In this section, we concentrate on the realization of permutations such as transpose, perfect shuffle, unshuffle, vector reversal which are frequently used in applications. Nassimi and Sahni (Nassimi & Sahni 1982) have developed optimal hypercube algorithms for these frequently used permutations. These algorithms may be simulated by an OTIS-Hypercube using the method of (Zane et. al. 1996) to obtain algorithms to realize these data rearrangement patterns on an OTIS-Hypercube. Table 1 gives the number of moves used by the optimal hypercube algorithms; a break down of the number of moves in the group and local dimensions; and the number of electronic and OTIS moves required by the simulation.

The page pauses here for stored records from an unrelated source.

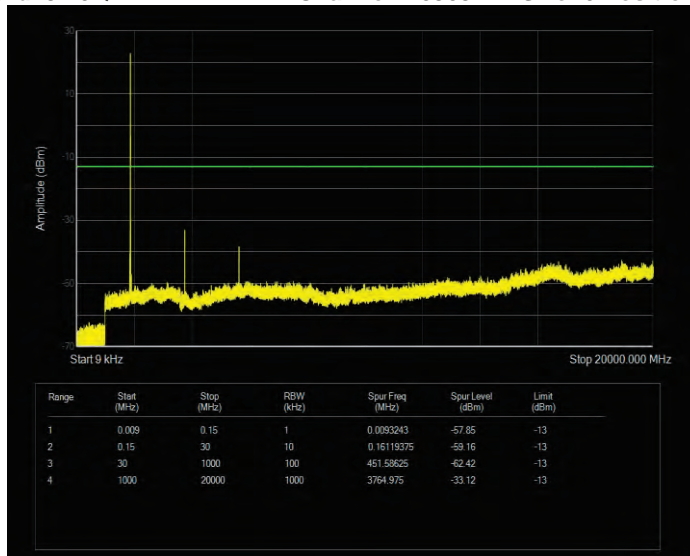

Band25 16QAM BW=1.4MHz Channel=26683 RB Size=6 Position=#0
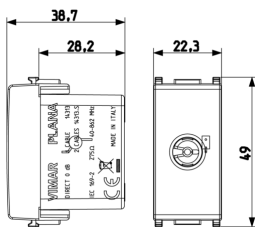

PLANA: TV 40-862MHz single conn. outlet Silver

14313.SL

Wiring devices / Traditional wiring devices / PLANA / Devices

TV 40-862MHz single conn. outlet Silver

Coaxial TV 40-862 MHz socket outlet, single connection, with IEC 60169-2 female connector, Silver

3 - Active

20 NR

3D

- **Class group:** Antenna and satellite technique
- **Class:** Antenna socket box
- **Model:** End socket
- **Cover:** None
- **Number of outlets:** 1
- **Suitable for remote power supply:** Yes
- **Type of fastening:** Snap mounting (engagement)
- **Colour:** Silver
- **RAL-number (similar):** 9006
- **Surface protection:** Lacquered
- **Material:** Plastic

• 43. UKCA mark - Great Britain

• 99. WEEE Directive ([download](#))

8 007352310087

8007352310087
1 NR
4.1x2.8x5.3 [cm]
24.6 [g]

8 007352310094

8007352310094
20 NR
21.4x11.6x6 [cm]
554.07 [g]

Vimar
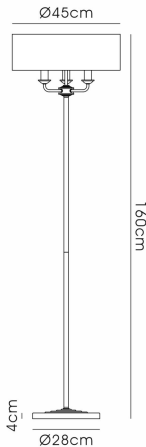

DK0930

Banyan SN GR

Banyan 3 Light Switched Floor Lamp With 45cm x 15cm Grey Organza Shade Satin Nickel/Grey

DATA SHEET

LINE DRAWING

MARKETING INFORMATION

Brief Description	Banyan 45cm 3 Light Floor Lamp Satin Nickel, Grey
-------------------	---

PHYSICAL CHARACTERISTICS

Colour Finish	Satin Nickel
Colour Finish 2	Grey

MECHANICAL SPECIFICATION

Item Nett Weight (kg)	5.5kg
Diameter (mm)	450mm
Height (mm)	1600mm

ENERGY SPECIFICATION

Energy Class	A++ to D
--------------	----------

LAMP SPECIFICATION

No: of Lamp	3
Lamp Socket	E14
Recommended Lamp	LED (Candle C35)
Max Wattage Lamp (W)	20W
Lamp Included	No

ELECTRICAL & SAFETY SPECIFICATION

Protection Class	Class 2 - Double Insulated
Switched	Yes - Foot Switch
Dimmable	Yes - Suitable Lamps & Dimmer Required
Dimmer Included	No
IP Rating	IP20
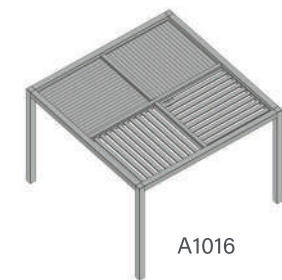

Size: 3 m x 5 m - 15 m<sup>2</sup>

**3 x 5 Modern Aluminum Pergola - white:** Create a statement with our 3 x 5 modern aluminum pergola in a pristine white color. Its extended length provides ample shade and a stylish focal point for your outdoor space.

LEGEND			
ITEM CODE	SIZE (m)	AED PRICE PER (m <sup>2</sup> )	AED TOTAL PRICE
A0615	3 x 5	887	<b>13,302</b>
A0715		1,063	<b>15,938</b>
A0815		701	<b>10,520</b>

COLORS

Size: 4 m x 4 m - 16 m<sup>2</sup>

**4 x 4 Modern Aluminum Pergola - Black:** Explore a harmonious blend of style and durability with our 4 x 4 modern aluminum pergola in a chic black finish. This square design complements modern aesthetics seamlessly.

LEGEND			
ITEM CODE	SIZE (m)	AED PRICE PER (m <sup>2</sup> )	AED TOTAL PRICE
A0916	4 x 4	1,207	<b>19,304</b>
A1016		1,103	<b>17,646</b>
A1116		896	<b>14,340</b>

COLORS

A1016: Total Price (AED) - **17,646**

We shall obtain OTIS-Hypercube algorithms, for the permutations of Table 1, that require far fewer moves than the simulations of the optimal hypercube algorithms.

As mentioned before, each processor is indexed as (G, P) where G is the group index and P the local index. An index pair (G, P) may be transformed into a singleton index I = GP by concatenating the binary representations of G and P.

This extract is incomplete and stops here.